After she broke her hip last year, she did great in inpatient PT and with home health and outpatient physical therapists. Then, when the experts stopped coming, she stopped, too. All she wants to do is sit in her recliner and watch old Westerns on TV. She walks with a walker, can shower (closely supervised by me), dress herself (although her choices of clothing recently have necessitated a change in attire before leaving the house!) and move around slowly with the walker.

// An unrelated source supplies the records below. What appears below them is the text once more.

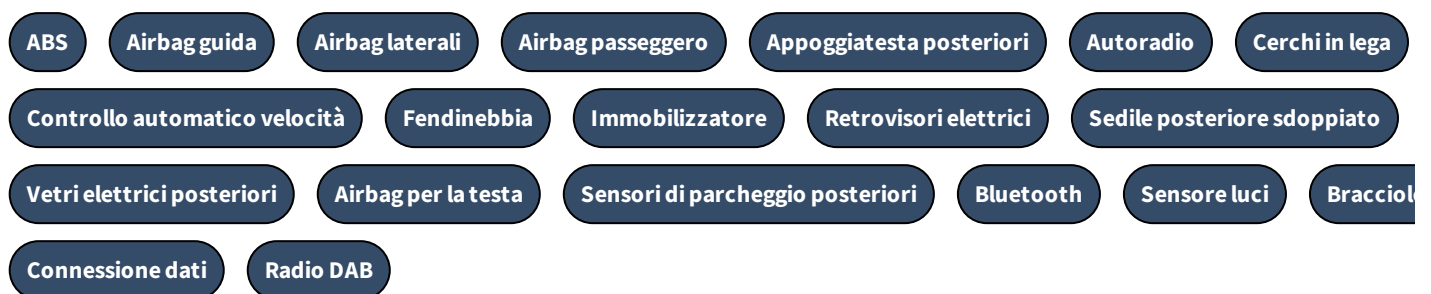

6,20 l/100 km

Emissioni di CO2

158 g CO2/km (combinato)

Classe emissioni

Euro 6.2

DOTAZIONI DI SERIE

OPTIONALS INCLUSI

DESCRIZIONE E NOTE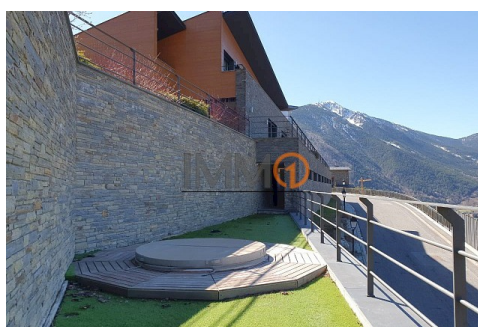

Exclusiu Xalet a una zona molt cotitzada de 4 suites amb garatge per a 7 cotxes

ref: **2321**

1048 m²

4

4

No Inclòs

Magnífic Xalet en venda a la parròquia de La Massana que es troba en una exclusiva urbanització molt tranquil·la i cotitzada. Aquesta propietat amb acabats de qualitat consta de 1.118m² d'habitatge dels quals 30m² són de terrassa i uns 400m² de jardí. A la planta soterrani -2: es on trobem el celler. A la planta soterrani -1: trobem la pre-instal·lació per una sauna, un gran gimnàs, un traster, una sala de jocs i un gran saló, una sortida al jardí...

I continually nag her to get up and walk around. I try to set up a bathroom visit every two hours so she will move around. She refuses to do any of her proscribed exercises and states that her inactivity bothers my brother and me a lot more than it bothers her. I see on a daily basis how increasingly difficult it is for her to get up from her recliner and how unsteady she seems when she starts to move around. Yesterday, she was stepping down from the house to the garage to get into the car and started to fall. Luckily, I was right there and was able to catch her and prevent her from falling, but it was not easy. I am feeling the results of my effort today! After I thought about it, I really think she passed out because I was bear-hugging her to prevent the fall and yelling "Mom!" "Mom!" with no reply from her.

I told Mom that if she does not keep moving to get stronger and build up her legs and stamina, I would not be able to care for her as I could not lift her or transfer her. I'm not sure she fully understood what I meant or even that not moving around is a bad thing. Lately, she has been making statements like, "Wouldn't it be so much easier if I just wasn't here?" or "Why don't you just cover me up and let me die?" She has just about stopped eating anything, so maybe she knows something I don't.

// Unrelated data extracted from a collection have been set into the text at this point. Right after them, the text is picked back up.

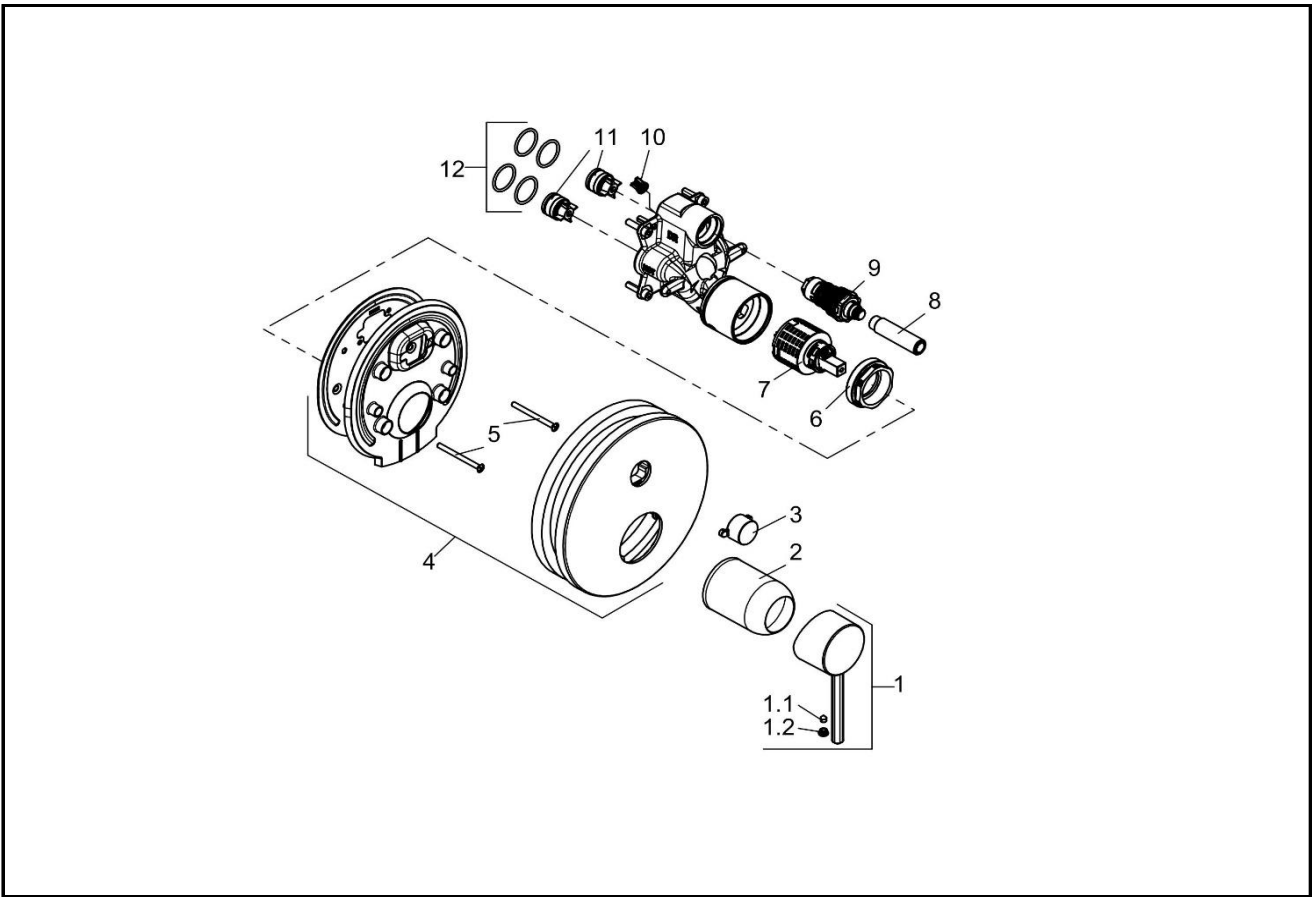

GRFWIS Farbset Badebatterie grace m.integ.Sich. für VIGOUR-Box VUPK verchromt VIGOUR Bath mixer grace with integr. Fuse for VIGOUR-Box VUPK chromed VIGOUR

1	YVG7392505	Hebel grace für Wandbatterie VIGOUR	Handle grace for wall mounted mixer VIGOUR
1.1	YVG92204600	Gewindestift derby / derby style für Farbset Waschtischbatt. VIGOUR	Set screw derby / derby style Finish set for basin mixer VIGOUR
1.2	YVG93019705	Markierungsstopfen derby / derby style Armaturen VIGOUR	Marking plug derby / derby style for VIGOUR faucets
2	YVG92059105	Abdeckhülse white / derby / clivia / one für Farbset Bade- u. Brausebatt. VIGOUR	Cover sleeve white / derby / one Finish set for bath/ shower mixer VIGOUR
3	YVG93130505	Drucktaste individual rund für Farbset 1 Verbraucher VIGOUR	Drucktaste individual rund for finish set single user VIGOUR
4	YVG7393405	Rosette clivia / grace für Farbset Badebatterie push VIGOUR	Escutcheon clivia / grace f.finish set for bath mixer push VIGOUR
5	YVG7446335	Schraube für Farbset Thermostat White VIGOUR	Srew for thermostat finish set Finish set VIGOUR
6	YVG92266837	Spannschraube derby / derby style / one für Farbset Bade- u. Brausebatt. VIGOUR	Locking screw derby / derby style / one Finish set for bath/ shower mixer VIGOUR
7	YVG7685600	Keramik KartuscheØ41mm derby/derby style Farbset,3-L.& 4-L.Bade-&BrausebattVIGOUR	Ceramic cartridgeØ41mm derby/derby style Finish set 3-, 4-hole bath/shower mixer
8	YVG93130700	Gewindehülse push für Badebatterie VIGOUR	Threaded sleeve Finish set for shower mixer VIGOUR
9	YVG7726900	Umsteller push für Farbset Badebatt. VIGOUR	Diverter push Finish set bath mixer VIGOUR

I do not think that I am enabling her because she really is NOT capable of doing most of the things I do for her like cooking, laundry, house cleaning, errands, doctor appointments, medications, etc.

My brother and I take turns caring for her. I spend two weeks at her house and then I take her to my brother's house for two weeks while I go home to my significant other. Neither my brother nor I want to think about what is going to happen when we can no longer care for her due to her immobility. I think, at this point in her dementia, a placement for her would be way too confusing.

Okay, time to go stick my head back in the sand.